Re: [PATCH] mm: introduce MADV_CLR_HUGEPAGE
From: Michal Hocko
Date: Wed May 31 2017 - 06:24:50 EST
On Wed 31-05-17 12:27:00, Mike Rapoport wrote:
> On Wed, May 31, 2017 at 10:24:14AM +0200, Michal Hocko wrote:
> > On Wed 31-05-17 08:30:08, Vlastimil Babka wrote:
> > > On 05/30/2017 06:06 PM, Andrea Arcangeli wrote:
> > > >
> > > > I'm not sure if it should be considered a bug, the prctl is intended
> > > > to use normally by wrappers so it looks optimal as implemented this
> > > > way: affecting future vmas only, which will all be created after
> > > > execve executed by the wrapper.
> > > >
> > > > What's the point of messing with the prctl so it mangles over the
> > > > wrapper process own vmas before exec? Messing with those vmas is pure
> > > > wasted CPUs for the wrapper use case which is what the prctl was
> > > > created for.
> > > >
> > > > Furthermore there would be the risk a program that uses the prctl not
> > > > as a wrapper and then calls the prctl to clear VM_NOHUGEPAGE from
> > > > def_flags assuming the current kABI. The program could assume those
> > > > vmas that were instantiated before disabling the prctl are still with
> > > > VM_NOHUGEPAGE set (they would not after the change you propose).
> > > >
> > > > Adding a scan of all vmas to PR_SET_THP_DISABLE to clear VM_NOHUGEPAGE
> > > > on existing vmas looks more complex too and less finegrined so
> > > > probably more complex for userland to manage
> > >
> > > I would expect the prctl wouldn't iterate all vma's, nor would it modify
> > > def_flags anymore.

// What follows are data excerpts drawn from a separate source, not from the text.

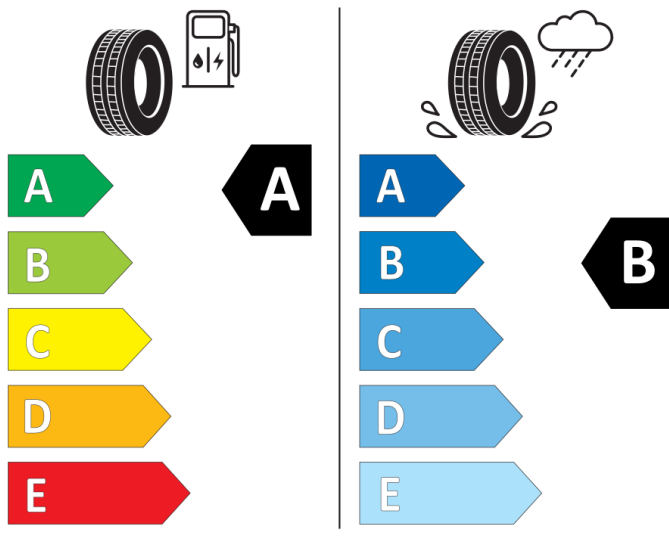

GOOD YEAR

546793

205/60R16 92 V

Cl

2020/740

BRIDGESTONE

13950

205/60 R16 92 V

Cl

2020/740

Continental

0358154

205/60 R 16 92 V

Cl

2020/740
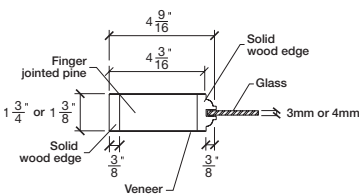

Technical drawings 6/8 - 7/0 - 8/0

French Door - U.S. specs

www.pbidoors.com

3080S

WIDTH			
36"	4 3/16"	27 5/8"	4 3/16"
34"	4 3/16"	25 5/8"	4 3/16"
32"	4 3/16"	23 5/8"	4 3/16"
30"	4 3/16"	21 5/8"	4 3/16"
28"	4 3/16"	19 5/8"	4 3/16"
26"	4 3/16"	17 5/8"	4 3/16"
24"	4 3/16"	15 5/8"	4 3/16"

FOR SMALLER SIZES REFER TO MODEL #3040C P.208

3080S

WIDTH			
36"	4 3/16"	27 5/8"	4 3/16"
34"	4 3/16"	25 5/8"	4 3/16"
32"	4 3/16"	23 5/8"	4 3/16"
30"	4 3/16"	21 5/8"	4 3/16"
28"	4 3/16"	19 5/8"	4 3/16"
26"	4 3/16"	17 5/8"	4 3/16"
24"	4 3/16"	15 5/8"	4 3/16"

FOR SMALLER SIZES REFER TO MODEL #3040C P.208

SIDERAIL

MUNTIN BAR

SIDERAIL

5/8" PANEL

* Wood veneer on stain grade doors only

février 2018 (revision 01)
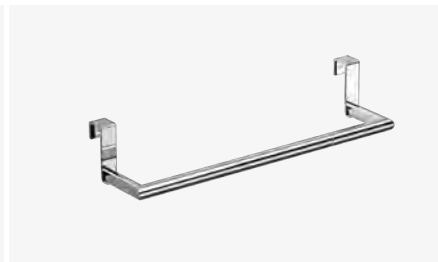

TOWEL BAR 380 MM. Ø16
T.BARRA MUEBLE 380 MM. Ø16

CHROME
BLACK
A: 380 mm. B: 72 mm. C: 95 mm.

Ref. 193509
Ref. 193516
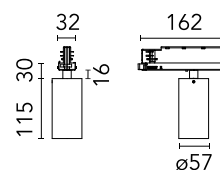

Main specifications

Mounting	Track
Environments	Indoor dry location
Light source type	LED
Light sources included	Yes
LED type	LED array
Lamp category	LED
Number of lamps	1
Power (W)	15.5
System power (W)	18.3
Source flux (lm)	1985
Lumen Output (lm)	997

Physical

Colour	White
Trim	No
Orientation	Adjustable
Rotation (°)	360
Longitudinal tilting (°)	90
Spot diameter (mm)	57
Net weight (kg)	0.57
IP internal	20

Download

Mounting instructions [↓ PDF](#)

Photometric Files

LDT / IES [↓ ZIP](#)

Technical Drawings

2D [↓ ZIP](#)

3D [↓ ZIP](#)
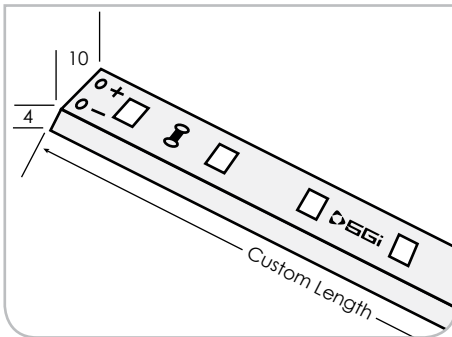

SPECIFICATION

LED Flex Light • BasicBright

Dimensions in millimeters

Operating Voltage (ov)	24V DC 12V DC ¹
Finish (fin)	Rugged – silicone injected, available in: WHT White PCB BLK Black PCB ¹
Light Colour (ic) Correlated Colour Temperature (CCT)	2700K Incandescent White 3000K Warm White 3500K Sand White 4000K Neutral White 5000K Cool White Specify Kelvin (K) for other CCTs ¹ R Red ¹ G Green ¹ B Blue ¹ A Amber ¹
Beam Angle (ba) Degrees	120°
Light Output Lumens (at 85 CRI)	2700K 114.5 per foot 3000K 120.6 per foot 3500K 125.1 per foot 4000K 129.6 per foot 5000K 138.6 per foot
CRI (cri) Colour Rendering Index	85 95 ¹
IP Rating	IP67
Dimension Width, Height, Length	W 0.393" 10 mm H 0.157" 4 mm L Specify maximum length in inches
Watts	1.57W per foot
Input Voltage	AC 100V – 240V, 277V external transformer
Dimmable	Yes With dimmable transformer MLV, ELV or 0-10V. Please specify at time of order.
Operating Temperature	-25°C to +50°C -13°F to 122°F
Life Lumen Maintenance	50,000 hours
Warranty	5 Years

Recommended Tracks

LP1407

REC1707

UCH1715

ANG2618

See track page for more compatible tracks. See individual track cutsheets for more details.

Part Number Configuration – FLEX-P-BASIC-ov-fin-ic-cri

Category	Family	Operating Voltage (ov)	Finish (fin)	Light Colour (ic)	CRI (cri)
FLEX-P Professional	BASIC	12VDC ¹ 24VDC	WHT White BLK Black ¹	2700K IW 3000K WW 3500K SW 4000K NW 5000K CW R ¹ G ¹ B ¹ A ¹	85 95 ¹
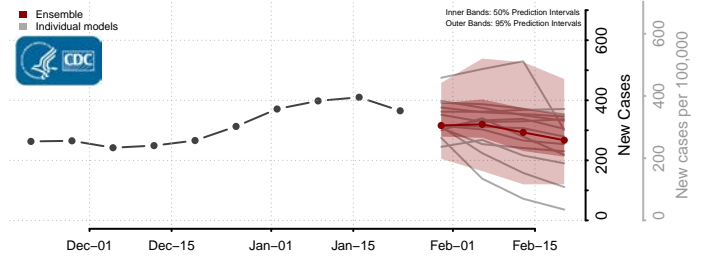

Wicomico County, Maryland

It would just set a flag somewhere in mm struct that
> > > would be considered in addition to the per-vma flags when deciding
> > > whether to use THP.
> >
> > Exactly. Something like the below (not even compile tested).
>
> If we set aside the argument for keeping the kABI, this seems, hmm, a bit
> more complex than new madvise() :)
Yes, code wise it is more LOC which is not all that great but semantic
wise it make much more sense than the current implementation of
PR_SET_THP_DISABLE.
> It seems that for CRIU usecase such behaviour of prctl will work and it
> probably will be even more convenient than madvise(). Nonetheless, I think
> madvise() is the more elegant and correct solution.
>
> > > We could consider whether MADV_HUGEPAGE should be
> > > able to override the prctl or not.
> >
> > This should be a master override to any per vma setting.
>
> Currently, MADV_HUGEPAGE overrides the prctl(PR_SET_THP_DISABLE)...
> AFAIU, the prctl was intended to work with applications unaware of THP and
> for the cases where addition of MADV_*HUGEPAGE to the application was not
> an option.
which makes it even more weird API IMHO.
--
Michal Hocko
SUSE Labs